Needless to say, we rose early again the next morning. It had become a tradition, and we'd developed certain traditions that we'd stick to throughout the trip. The weather forecast wasn't promising this time: rain for most of the day. But what could we do? We had to get going. After all, tomorrow we'd leave Glacier, and today we'd have to cross Logan Pass again and reach the park from the other side. There should be some beautiful trails there, too. 

The weather is gloomy.

Mists and clouds drift between the mountains, making it gloomy but still very picturesque. The promised rain hasn't arrived yet, and the "Going to the Sun" mountain road is easy to drive at a normal pace. We cross the pass without difficulty, pass by Lake St. Mary, arrive at the park gates, and are turned away. Apparently, the same rules apply here: if you can get in before seven, go ahead; if not, you must schedule a time in advance. 

We eventually found other trails. One of them turned out to be particularly sad to walk because it passed through a burnt forest.

These areas were probably devastated by large fires 10-15 years ago. They destroyed a significant portion of the forests on this side of the mountains. As we climbed higher, we could see the skeletons of dead trees sticking out for miles around. The only relief was that young pine trees were already clustered around them, and raspberry patches and blueberry fields carpeted the previously scorched slopes.

And yet, we left the trail and headed toward the waterfall. By this time, it was already raining, fortunately not very heavily. The narrow trail leading to the waterfall was lined with tall grasses, enough to soak us waist-deep in just five minutes. After a while, our boots began to squelch. We decided to walk to the waterfall despite the weather. This area boasts a stunning combination of rock colors. Rock outcrops of dark red, burgundy, and brown are interspersed with unexpectedly vibrant, greenish-blue inclusions. A stunning contrast of cool and warm tones!

The waterfall turned out to be pretty, though not very tall, yet turbulent. And then there's the color. The water here shimmers in every shade of green. Even on a rainy day, it seemed vibrant—emerald, covered in lush lacework of white foam.

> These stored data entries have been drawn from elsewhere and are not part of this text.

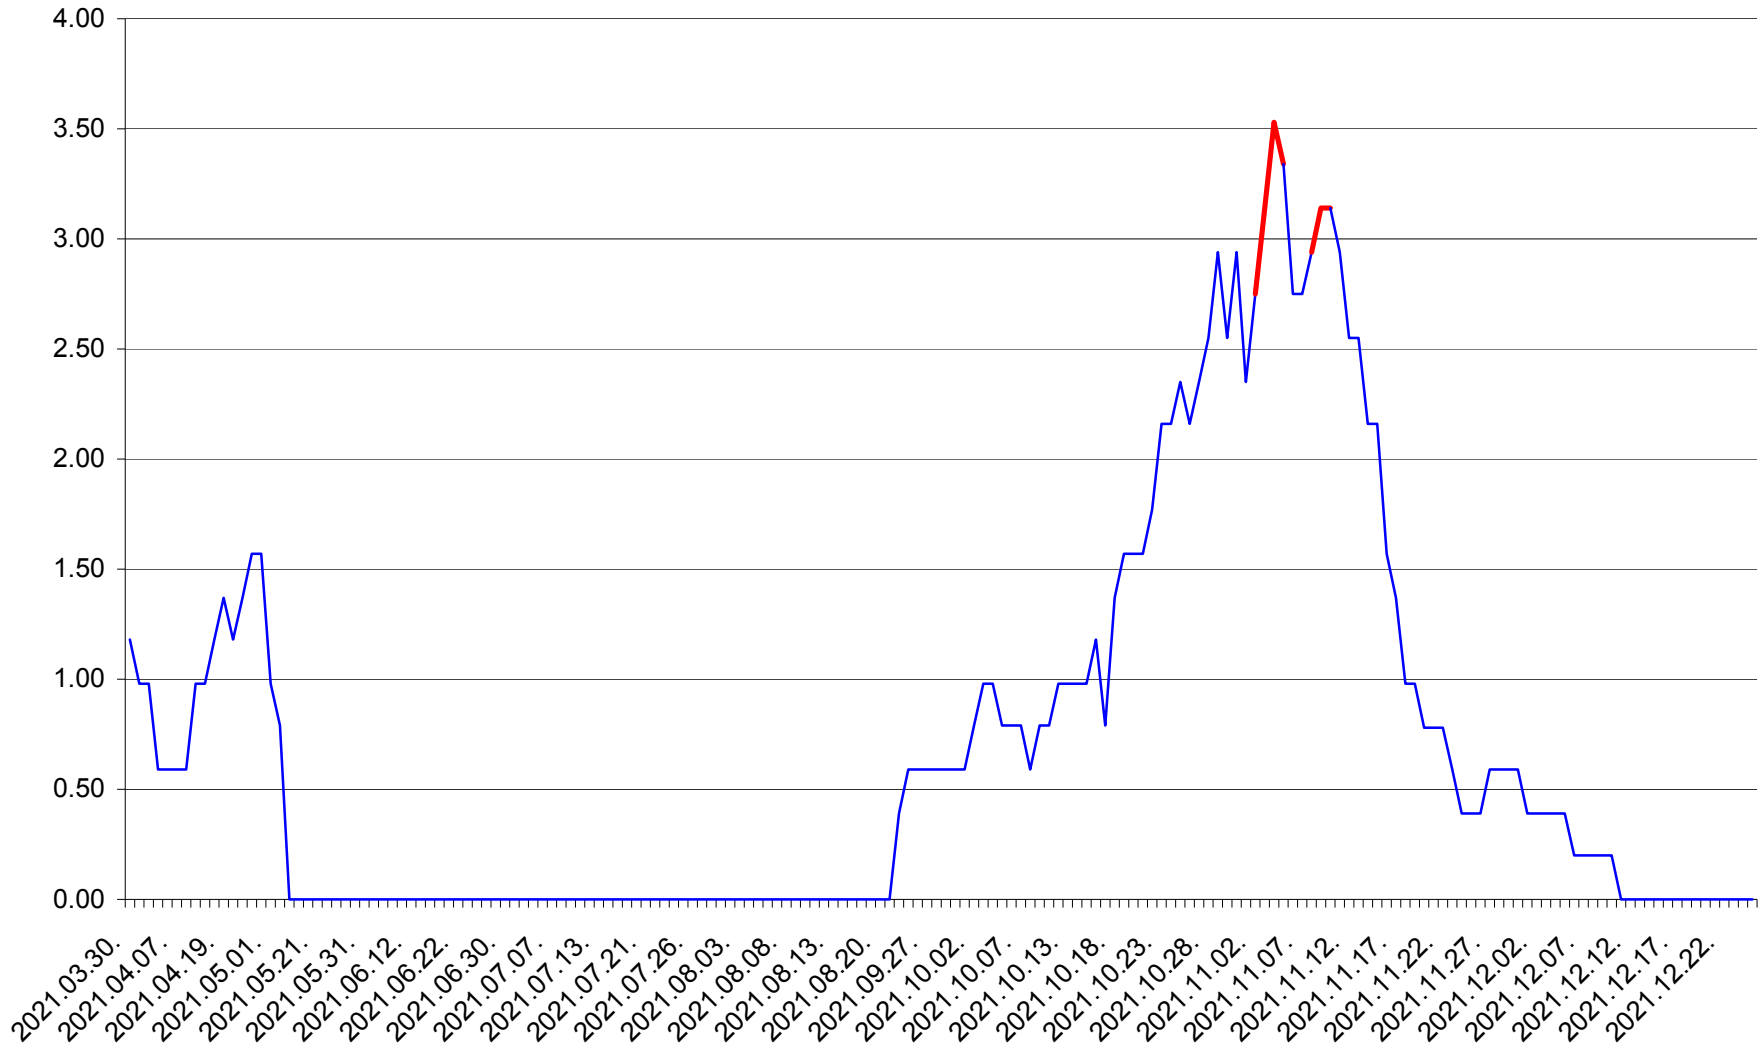

ORAȘ BĂLAN - Evolutia incidentei cumulate pe 14 zile la ‰ de locuitori  
2021.03.30. - 2021.12.25.

BILBOR - Evolutia incidentei cumulate pe 14 zile la ‰ de locuitori  
2021.03.30. - 2021.12.25.

ORAȘ BORSEC - Evolutia incidentei cumulate pe 14 zile la ‰ de locuitori  
2021.03.30. - 2021.12.25.

BRĂDEȘTI - Evolutia incidentei cumulate pe 14 zile la ‰ de locuitori  
2021.03.30. - 2021.12.25.

CĂPÂLNIȚA - Evolutia incidentei cumulate pe 14 zile la ‰ de locuitori  
2021.03.30. - 2021.12.25.

CÂRȚA - Evolutia incidentei cumulate pe 14 zile la ‰ de locuitori  
2021.03.30. - 2021.12.25.

CICEU - Evolutia incidentei cumulate pe 14 zile la ‰ de locuitori  
2021.03.30. - 2021.12.25.

CIUCSÂNGEORGIU - Evolutia incidentei cumulate pe 14 zile la % de locuitori  
2021.03.30. - 2021.12.25.

CIUMANI - Evolutia incidentei cumulate pe 14 zile la ‰ de locuitori  
2021.03.30. - 2021.12.25.

CORBU - Evolutia incidentei cumulate pe 14 zile la ‰ de locuitori  
2021.03.30. - 2021.12.25.

CORUND - Evolutia incidentei cumulate pe 14 zile la ‰ de locuitori  
2021.03.30. - 2021.12.25.

COZMENI - Evolutia incidentei cumulate pe 14 zile la ‰ de locuitori  
2021.03.30. - 2021.12.25.

By this point, we were practically soaked from head to toe. It was a relief to return to the car, find dry clothes, take off our wet boots, and put on flip-flops. We could adjust the warm air and head back. But we'd have to drive more carefully now, because the steep turns of the mountain road were glistening with rain, and Logan Pass was completely hidden in the clouds.

The road from the pass

We take our time, occasionally entering thick fog, slowing our already slow speed. But sometimes, suddenly, the clouds part and a patch of gloomy landscape opens up. Sometimes distant mountains are visible, their peaks seemingly existing on their own, surrounded by clouds on all sides. Even below us, there are clouds.

Despite the bad weather, we stop at various interesting places on the way back.

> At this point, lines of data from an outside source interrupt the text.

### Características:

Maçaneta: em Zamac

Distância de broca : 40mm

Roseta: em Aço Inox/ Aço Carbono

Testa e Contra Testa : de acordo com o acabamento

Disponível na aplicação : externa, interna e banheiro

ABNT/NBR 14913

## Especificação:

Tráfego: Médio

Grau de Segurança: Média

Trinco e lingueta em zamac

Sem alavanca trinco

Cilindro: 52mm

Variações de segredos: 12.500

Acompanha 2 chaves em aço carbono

We drove along this same road yesterday, but we were so tired that stopping anywhere else would have been difficult and wouldn't have been much fun. In one beautiful spot, for example, there was a snowfield, eroded by a stream from below, forming a low tunnel. But you can't walk through it because the heavy, compact snow could collapse at any moment. Around another bend was a long rock wall, down which a small but wide waterfall flowed, as if licking the stone. It was so close that the spray flew right onto the road. A beautiful and dangerous place! We didn't stop at the numerous viewpoints because visibility on that cloudy day left much to be desired. Moreover, the day before, we had had such a wonderful opportunity to see so many picturesque landscapes that it made no sense to get out in the rain. But we decided to stop at the triple arch.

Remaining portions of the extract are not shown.